American nonfiction writer and poet (born 1978)

Cristin O'Keefe Aptowicz (/ˈæptəwɪts/ AP-tə-wits; born November 26, 1978) is an American nonfiction writer and poet.

==Life==
A native of Philadelphia, the daughter of Bruce S. Aptowicz and Maureen (O'Keefe) Aptowicz, Cristin O'Keefe Aptowicz graduated from Central High School of Philadelphia in 1996 and earned a B.F.A. in Dramatic Writing from New York University in 2000. Her brother, Kevin Aptowicz, is a professor of physics at West Chester University. On June 18, 2016, she married novelist/screenwriter Ernest Cline, whom she met at the 1998 National Poetry Slam.

==Poetry==
Aptowicz was introduced to the New York City Poetry Slam community by NYU classmate, Beau Sia. In November 1998, at age 19, she founded the NYC-Urbana Poetry Slam series.

NYC-Urbana was the formal continuation of a poetry slam series started by Bob Holman and as of 2008, has earned three National Poetry Slam Championships: 1997 (as Team Mouth Almighty), 2000 and 2002. Aptowicz was a member of the 1998, 2001, 2003 and 2010 NYC-Urbana Poetry Slam teams. Well-known poets who have been on NYC-Urbana Poetry Slam teams including Taylor Mali, Beau Sia, Anis Mojgani and Sarah Kay, among others. Aptowicz was the 2010 Women of the World Poetry Slam (WOWps) representative for NYC-Urbana.

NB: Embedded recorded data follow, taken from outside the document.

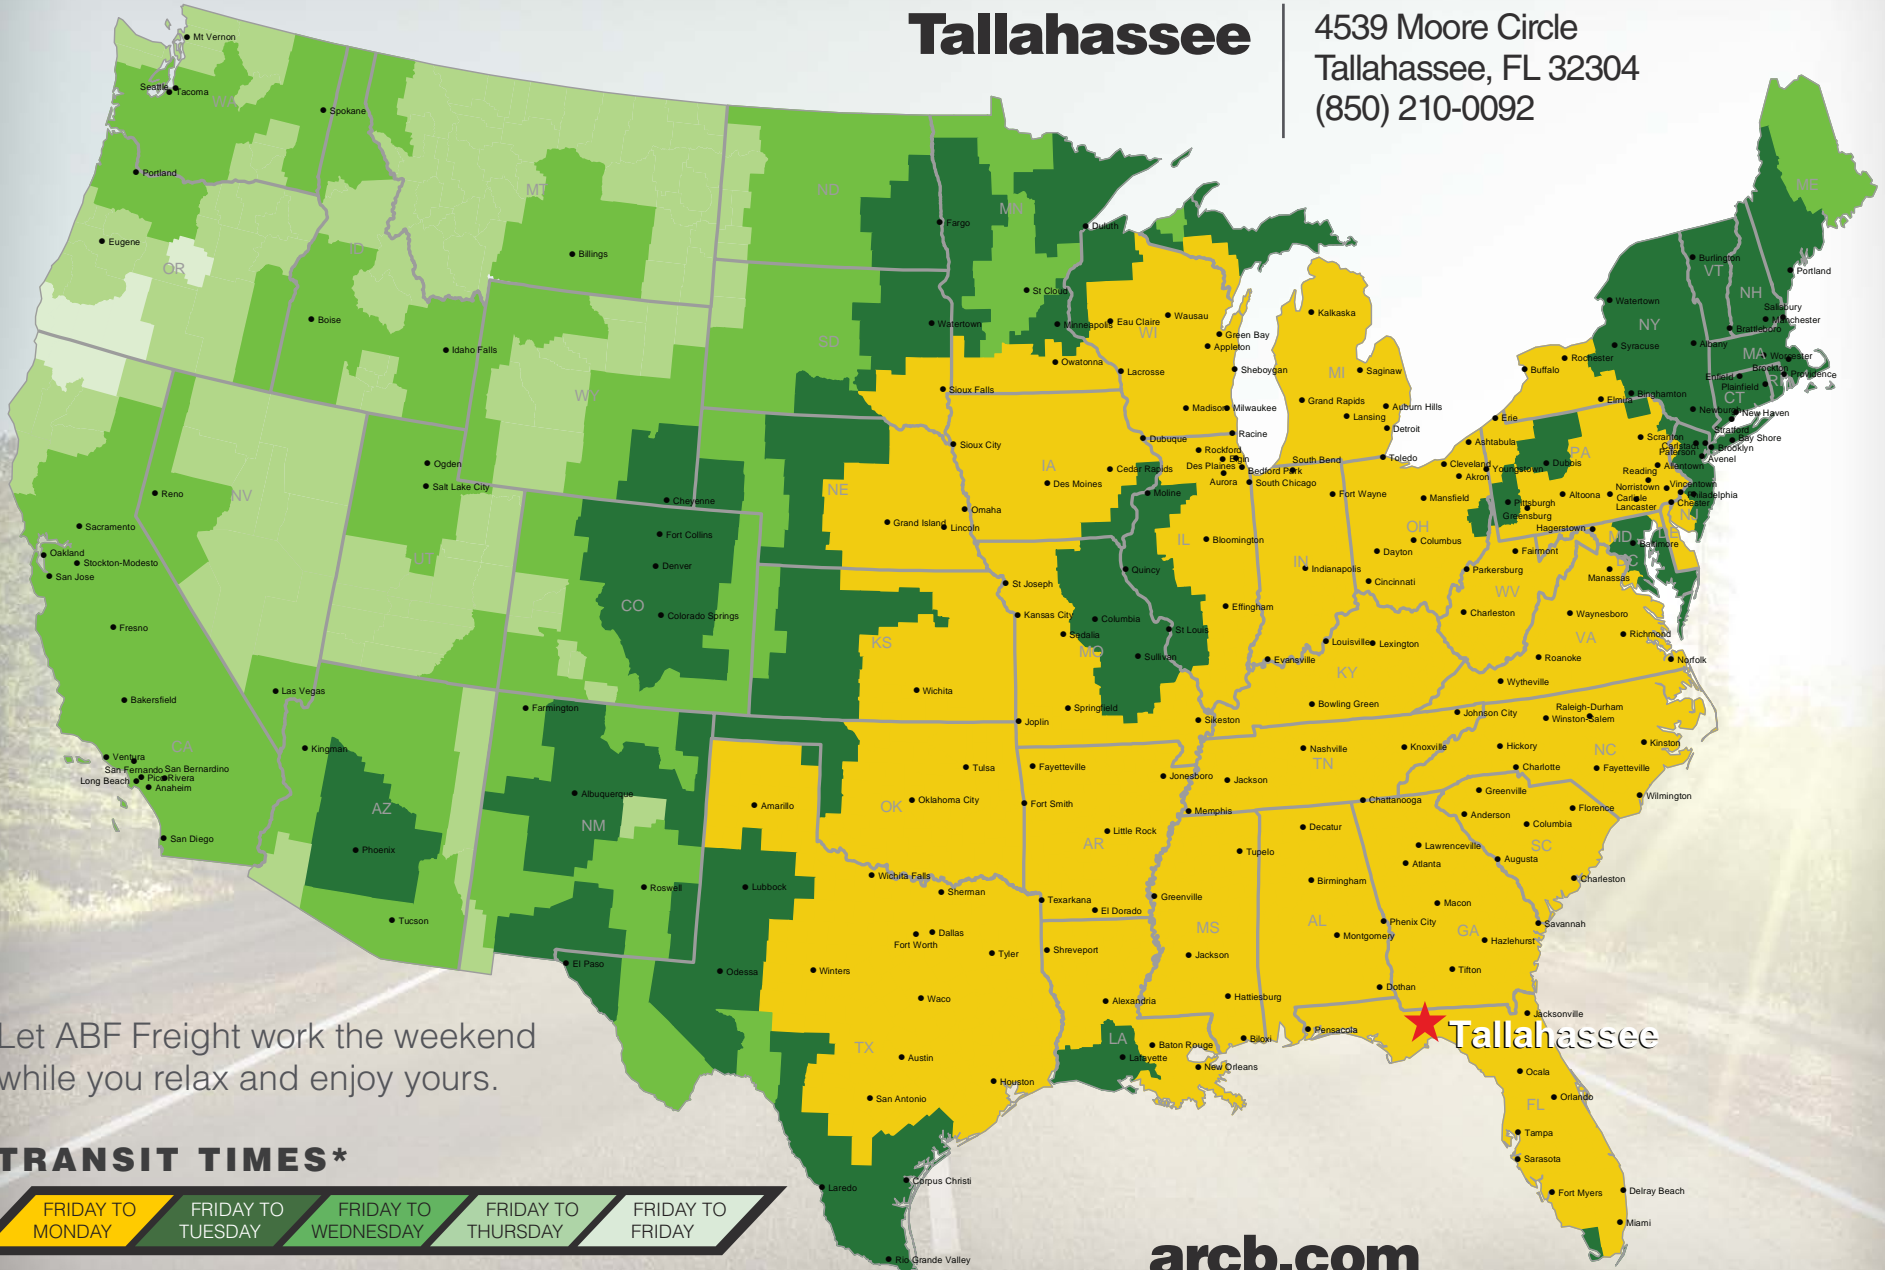

### Tallahassee

4539 Moore Circle  
Tallahassee, FL 32304  
(850) 210-0092

Let ABF Freight work the weekend while you relax and enjoy yours.

#### TRANSIT TIMES\*

\*Map graphically represents outbound transit times to service centers and is for illustrative purposes only. For a specific transit request, visit [arcb.com](http://arcb.com) or contact your account manager.

Aptowicz is the author of eight books of poetry, including the recently released, Against Vanishing (Write Bloody Publishing, 2025). A previous book, The Year of No Mistakes (Write Bloody Publishing, 2018) won the Writers' League of Texas Book of the Year Award for Poetry 2013–2014. Aptowicz's other books of poetry are: Dear Future Boyfriend (2000), Hot Teen Slut (2001), Working Class Represent (2003), Oh, Terrible Youth (2007), Everything is Everything (2010), and How to Love the Empty Air (2018), which are all available via Write Bloody Publishing.

Aptowicz appeared in the concert film Taylor Mali & Friends Live at the Bowery Poetry Club and in the documentary; Slam Planet (2006). In 2003, she served the overseas mentor for Mouth Off!, a youth poetry show commissioned by the Sydney Opera House. She frequently tours with poets Buddy Wakefield, Derrick Brown and Anis Mojgani on their "poetry revival tours," joining them on their 2008 Junkyard Ghost Revival tour, 2009 Elephant Engine High Dive Revival tour and 2010 Night Kite Revival tour.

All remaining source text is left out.